Le président de la Commission électorale nationale indépendante -CENI-, Denis Kadima Kazadi, a présenté, le mercredi 26 mai, en plénière, le rapport annuel 2025-2026 de la CENI. La séance, dirigée par le président de l’Assemblée nationale, Aimé Boji Sangara, s’inscrit dans le cadre légal de recevabilité et de transparence institutionnelle. Déposé le 10 avril dernier, le document a été articulé en deux parties. La première dresse le bilan des opérations du cycle électoral 2022-2027. Denis Kadima a souligné la tenue des élections indirectes des sénateurs, gouverneurs et vice-gouverneurs au Kwilu et au Nord-Ubangi.
Ces scrutins, reportés après l’annulation des législatives à Masi-Manimba et à Yakoma, se sont déroulés «en toute transparence et sans incident majeur», permettant de restaurer la continuité institutionnelle dans ces provinces. La CENI avait également préparé les élections des conseillers urbains, des bourgmestres, des maires et de leurs adjoints. Mais faute de financement, ces consultations n’ont pas pu se tenir, malgré l’enregistrement des candidatures et la publication du calendrier. Le président de la CENI a précisé que cette situation ne résulte «ni d’une mauvaise planification ni d’une inaction», mais d’une contrainte budgétaire qui conditionne la réussite des opérations électorales.
La deuxième partie du rapport met en avant le renforcement des relations entre la CENI, les institutions nationales et les partenaires internationaux. Le 19 février 2026, la Centrale électorale a transmis officiellement ses données à l’Office national de l’identification de la population, contribuant à la modernisation administrative. Sur le plan régional, la RD-Congo a été élue à l’unanimité à la présidence du Réseau des organes de gestion électorale d’Afrique centrale, créé à Bujumbura. Concernant les perspectives, la CENI a mené une évaluation approfondie de la loi sur l’identification et l’enrôlement des électeurs ainsi que de la loi électorale.

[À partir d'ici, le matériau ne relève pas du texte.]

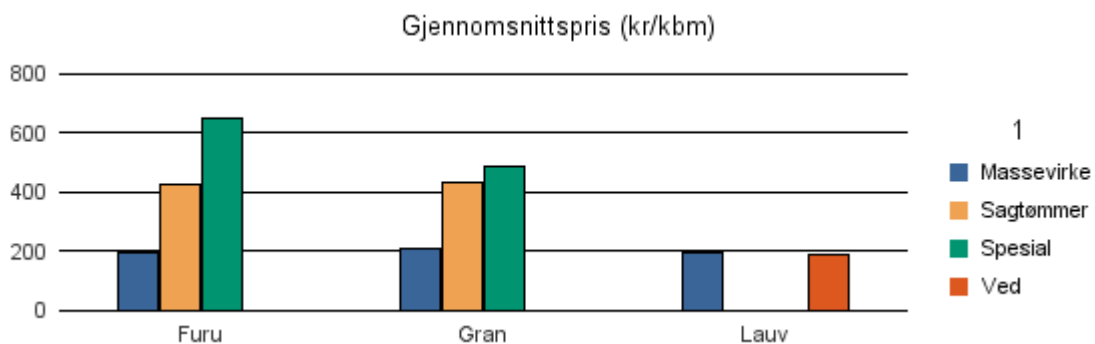

Gjennomsnittspris 2016 (kr/kbm)

	Massevirke	Sagtømmer	Spesial	Ved
Furu	195	424	649	
Gran	211	431	485	
Lauv	193			187
Gjennomsnitt:	200	428	567	187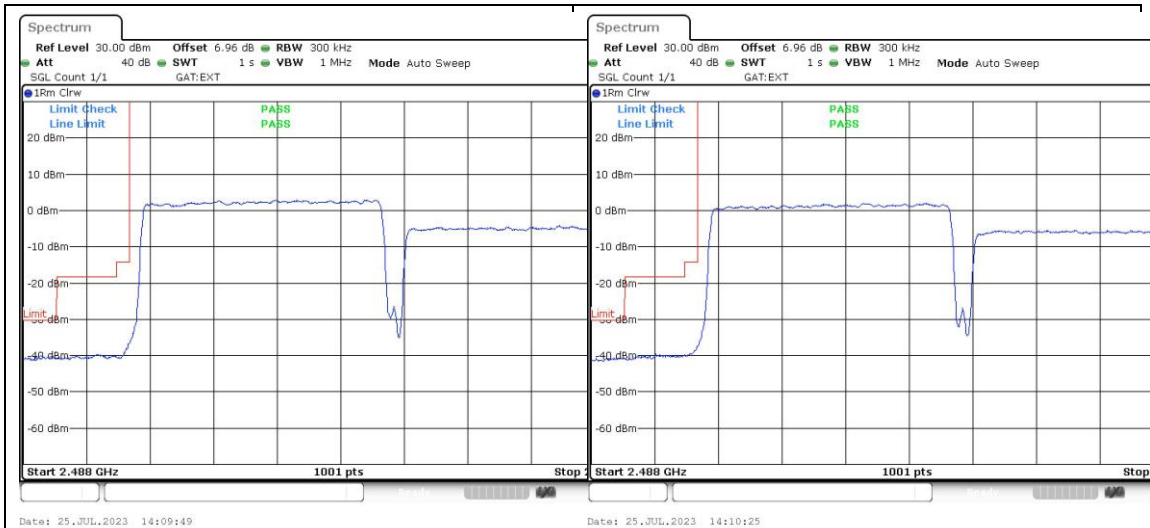

20MHz-20MHz_16QAM@16QAM-16QAM@
16QAM_39750-39948_1RB#0@100RB#0-0
RB#0@100RB#0-41-41-41-41-20MHz-20MH
z-16QAM@16QAM-16QAM@16QAM-39750-
39948-1RB#0@100RB#0-0RB#0@100RB#0
--29.44-15.24

20MHz-20MHz_QPSK@QPSK-QPSK@QPS
K_39750-39948_1RB#0@100RB#0-0RB#0
@100RB#0-41-41-41-41-20MHz-20MHz-QP
SK@QPSK-QPSK@QPSK-39750-39948-1R
B#0@100RB#0-0RB#0@100RB#0--30.51-16
.31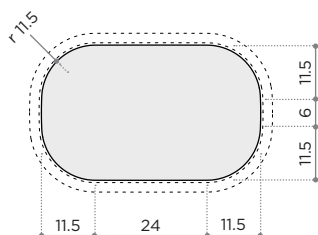

Finiture | Finishes

Bianco opaco Mazzetta colori Arbi
Bianco matt Arbi colour fan

Dimensioni interno vasca

Inner basin size
48 x 30 x 11 cm

Peso netto | Net weight

6 kg

Foro consigliato

Recommended hole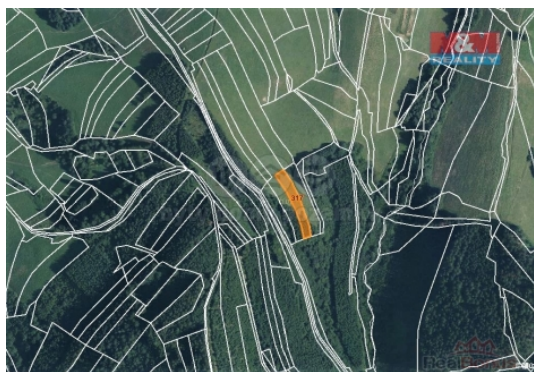

### Prodej pole, 1270 m<sup>2</sup>, Lhota u Vsetína

ČÍSLO ZAKÁZKY: 779635 TYP ZAKÁZKY: prodej

LOKALITA: Lhota u Vsetína (okres Vsetín)

#### Prodej pole, 1270 m<sup>2</sup>, Lhota u Vsetína

Prodej pozemku o výměře 1270 m<sup>2</sup> v katastru obce Lhota u Vsetína. Jedná se o ornou půdu s částečným porostem stromů, možno vytěžit.

CENA: (za nemovitost) **107 950,- Kč**

### Informace o nemovitosti

Stav objektu	velmi dobrý
Vlastnictví	osobní
Vlastní pozemek (m <sup>2</sup> )	1270
Umístění objektu	okrajová zástavba
Doprava	autobus
Občanská vybavenost	Škola Školka Kompletní síť obchodů a služeb Kulturní zařízení Sportovní areál
Parkování	u domu (veřejné)
Druh pozemku	zemědělská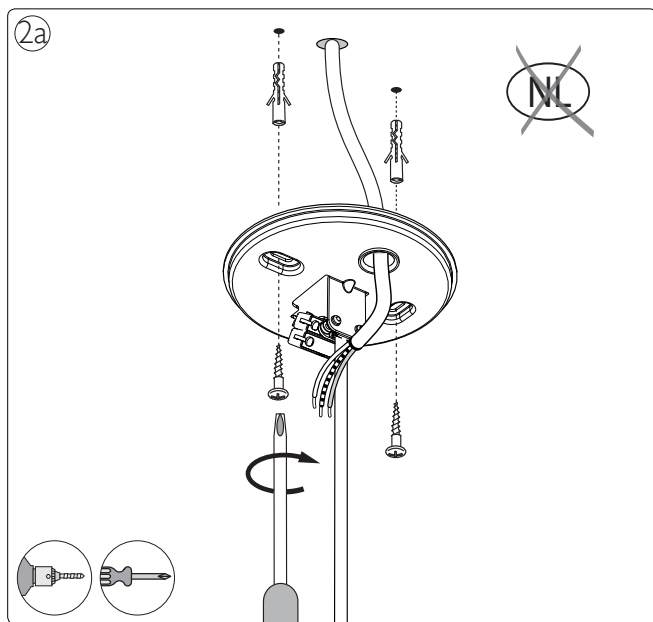

Incl.

A

B

Excl.

Philips Lighting Contact Centre
Int. Business Reply Service
I.B.R.S. / C.C.R.I. Numéro 10461
5600 VB Eindhoven
Pays-Bas / The Netherlands

www.philips.com/homelighting
☎ +800 7445 4775

4404.018.28541
Last update: 05/11/13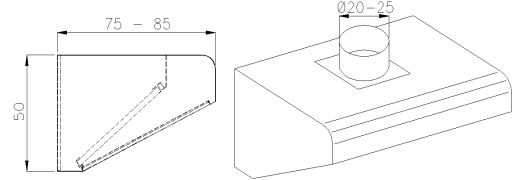

CON ELETTROASPIRATORE
WITH ELECTRIC EXTRACTOR
MIT ELEKTROANSAUGER
AVEC ELECTROASPIRATEUR

P.85

Modello Model Modell Modèle	Dimensioni Dimensions Maße Dimensions cm	Portata Capacity Leistung Débit mc/h	Potenza Power Leistung Puissance W	Peso Weight Gewicht Poids kg
SKA 8/8	80x85x50h	1100	300	41
SKA 8/10	100x85x50h	1300	300	42
SKA 8/10	120x85x50h	1450	300	48
SKA 8/14	140x85x50h	1600	300	54
SKA 8/16	160x85x50h	1900	300	66
SKA 8/18	180x85x50h	2200	420	68
SKA 8/20	200x85x50h	2250	420	71
SKA 8/22	220x85x50h	2300	420	75
SKA 8/24	240x85x50h	2400	420	78
SKA 8/26	260x85x50h	2450	420	82
SKA 8/28	280x85x50h	2500	420	85
SKA 8/30	300x85x50h	2600	420	88

SENZA ELETTROASPIRATORE
WITHOUT ELECTRIC EXTRACTOR
OHNE ELEKTROANSAUGER
SANS ELECTROASPIRATEUR

P.75

Modello Model Modell Modèle	Dimensioni Dimensions Maße Dimensions cm	Portata Capacity Leistung Débit mc/h	Peso Weight Gewicht Poids kg
SK 7/6	60x75x50h	1000	24
SK 7/8	80x75x50h	1100	27
SK 7/9	90x75x50h	1200	28
SK 7/10	100x75x50h	1300	30
SK 7/12	120x75x50h	1400	33
SK 7/14	140x75x50h	1600	41
SK 7/15	150x75x50h	1750	43
SK 7/16	160x75x50h	1900	44
SK 7/18	180x75x50h	2200	46
SK 7/20	200x75x50h	2250	49
SK 7/22	220x75x50h	2300	52
SK 7/24	240x75x50h	2400	55
SK 7/26	260x75x50h	2450	58
SK 7/28	280x75x50h	2500	61
SK 7/30	300x75x50h	2600	64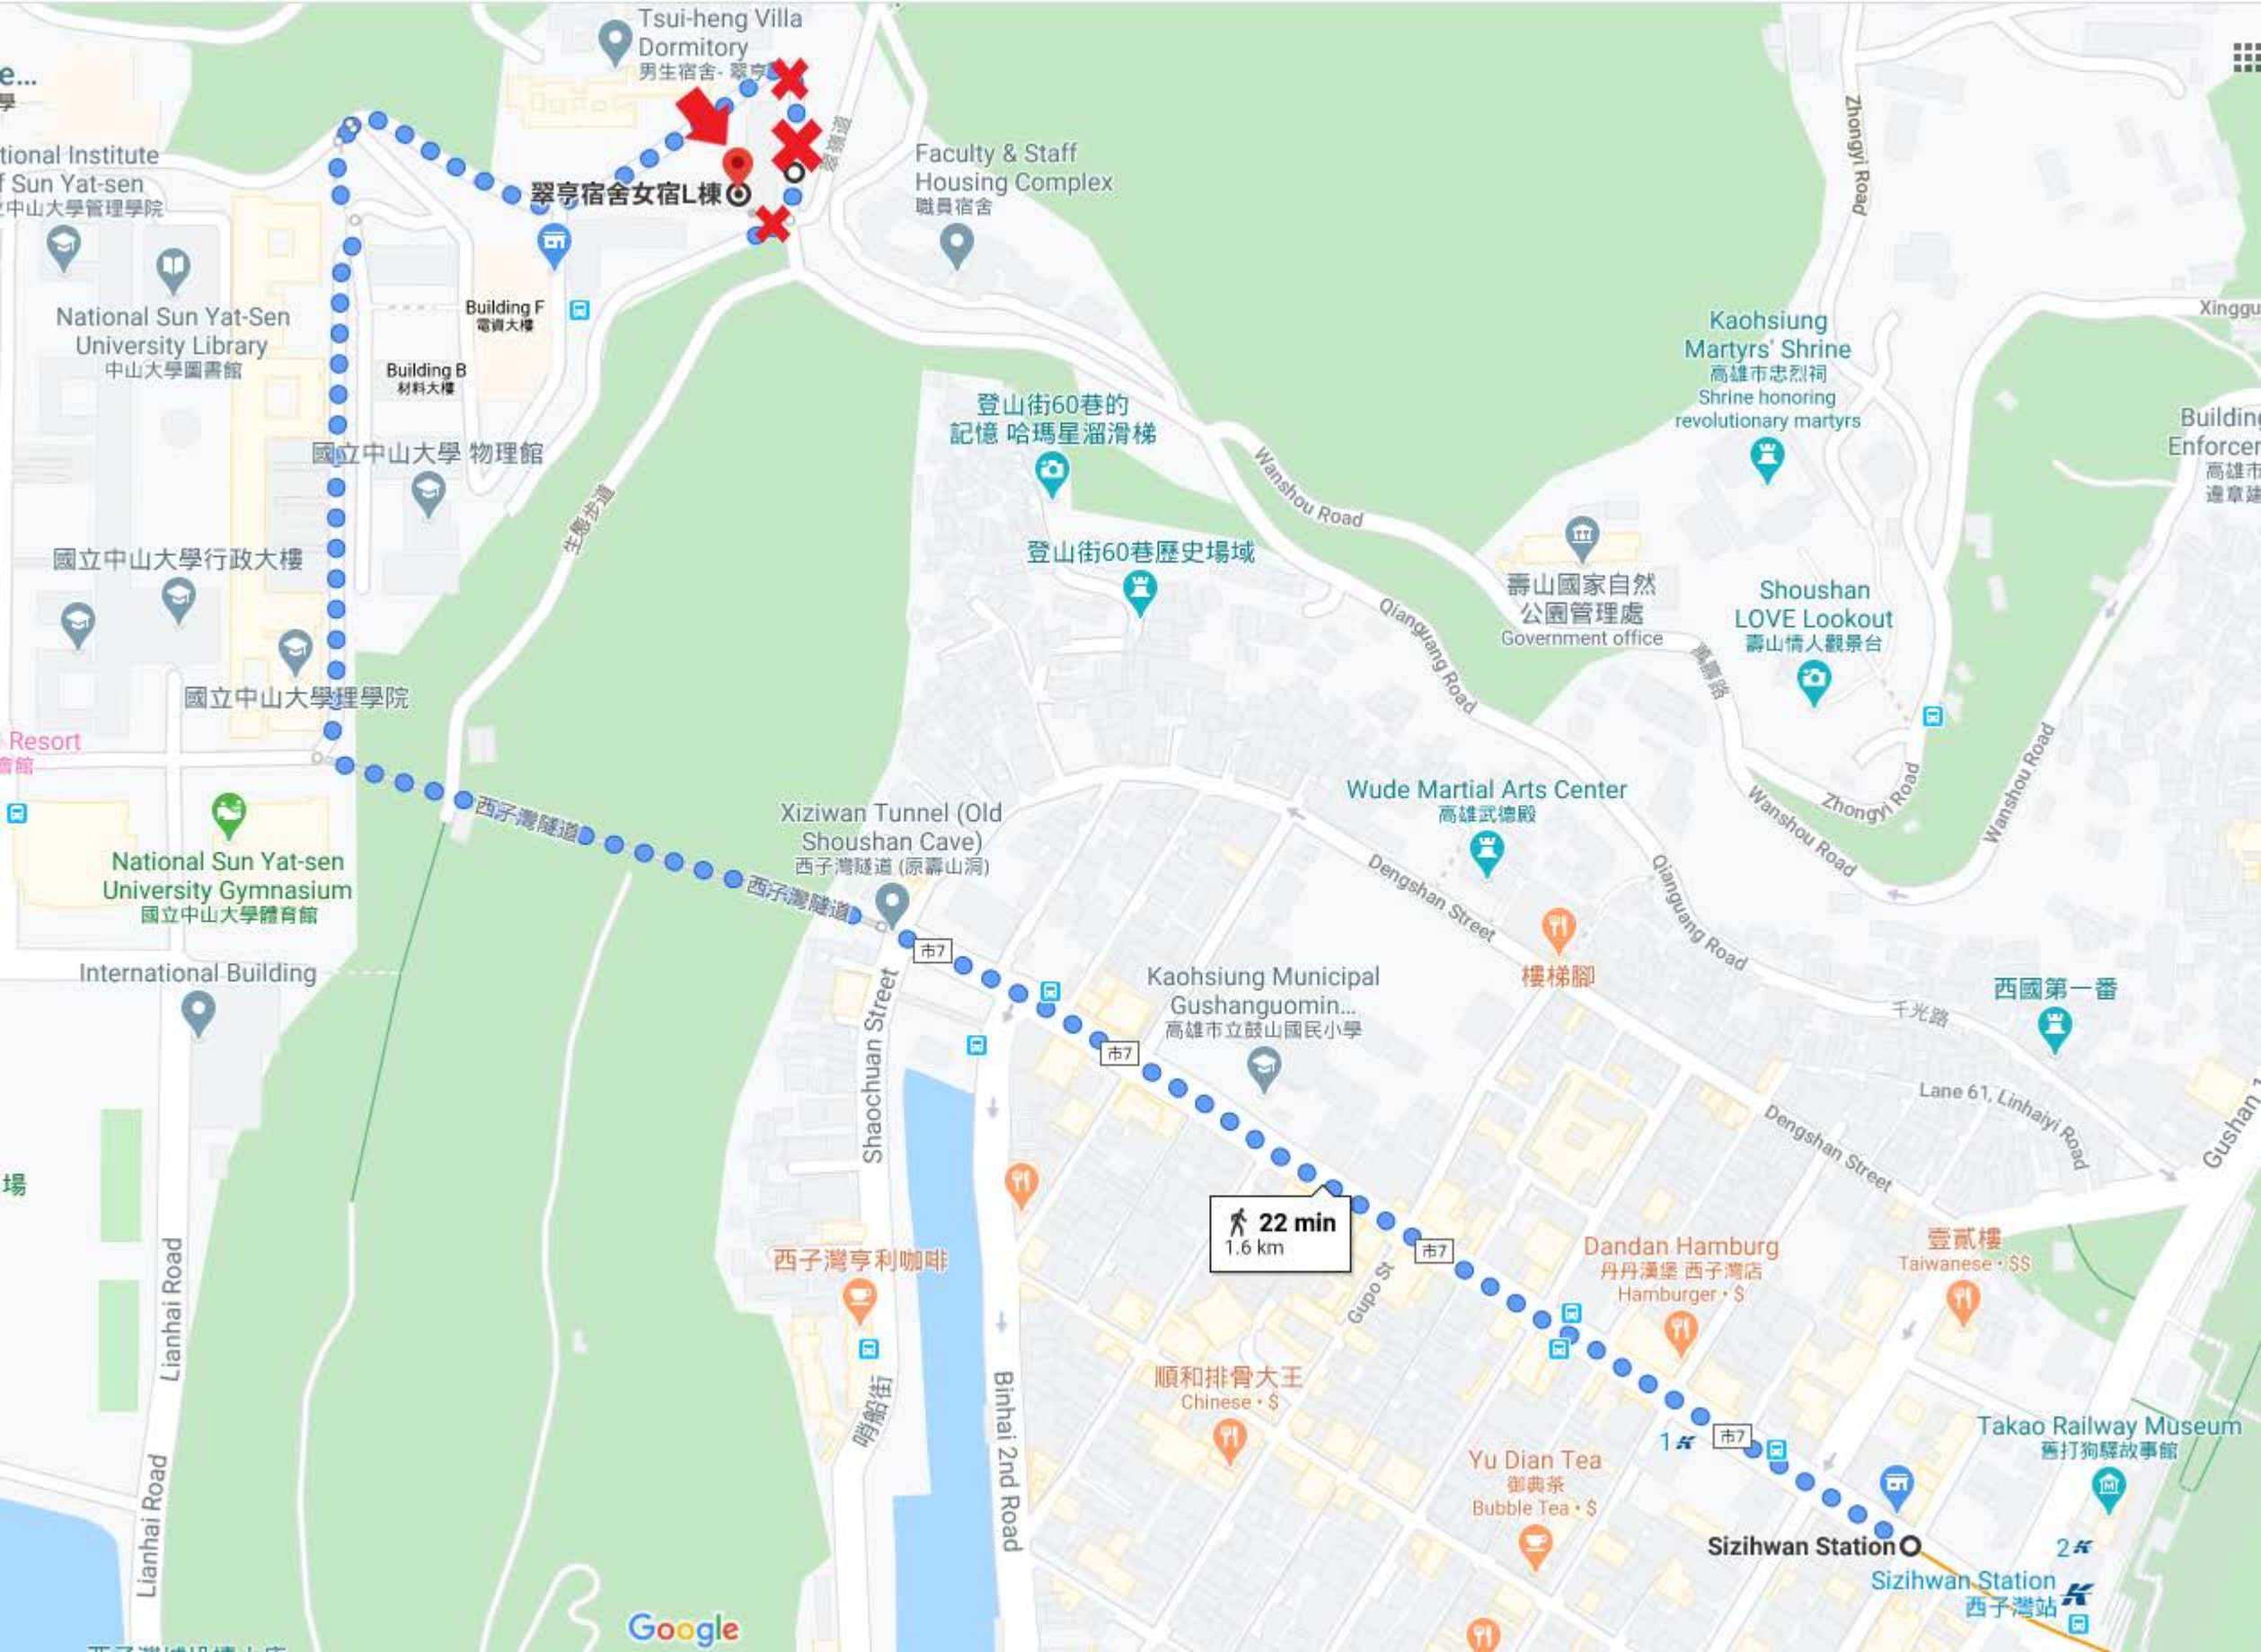

翠亭宿舍女宿L棟

Tsui-heng Villa
男生宿舍-翠亭

Faculty & Staff
Housing Complex
職員宿舍

National Sun Yat-sen
University Library
中山大學圖書館

National Sun Yat-sen
University Library
中山大學圖書館

國立中山大學行政大樓

國立中山大學理學院

National Sun Yat-sen
University Gymnasium
國立中山大學體育館

International Building

國立中山大學 物理館

Building F
電資大樓

Building B
材料大樓

登山街60巷的
記憶 哈瑪星溜滑梯

登山街60巷歷史場域

Kaohsiung
Martyrs' Shrine
高雄市忠烈祠
Shrine honoring
revolutionary martyrs

壽山國家自然
公園管理處
Government office

Shoushan
LOVE Lookout
壽山情人觀景台

Wude Martial Arts Center
高雄武德殿

Xiziwan Tunnel (Old
Shoushan Cave)
西子灣隧道 (原壽山洞)

Kaohsiung Municipal
Gushanguomin...
高雄市立鼓山國民小學

樓梯腳

西國第一番

22 min
1.6 km

西子灣亨利咖啡

順和排骨大王
Chinese · $

Dandan Hamburg
丹丹漢堡 西子灣店
Hamburger · $

壹貳樓
Taiwanese · $$

Yu Dian Tea
御典茶
Bubble Tea · $

Takao Railway Museum
舊打狗驛故事館

Sizihwan Station

Sizihwan Station
西子灣站

Google

Elle propose des réformes visant à renforcer le cadre légal et la représentativité, à simplifier les procédures et à intégrer des innovations technologiques comme le dépôt électronique des candidatures en parallèle du dépôt manuel.
Denis Kadima a insisté sur l’ampleur des défis: organiser des élections sur un «territoire-continent», dans des conditions logistiques, sécuritaires et financières parmi les plus complexes au monde, et dans des délais contraints. «La réussite des élections de 2028 dépendra de la capacité des institutions, des forces politiques et sociales, des partenaires et des citoyens à faire de la question électorale une priorité nationale permanente», a-t-il déclaré. Les députés ont salué le travail de la CENI et plaidé pour la mise à disposition, en temps voulu, de moyens conséquents afin d’assurer un rendement optimal. L’Assemblée nationale a jugé recevable le rapport après examen de son contenu.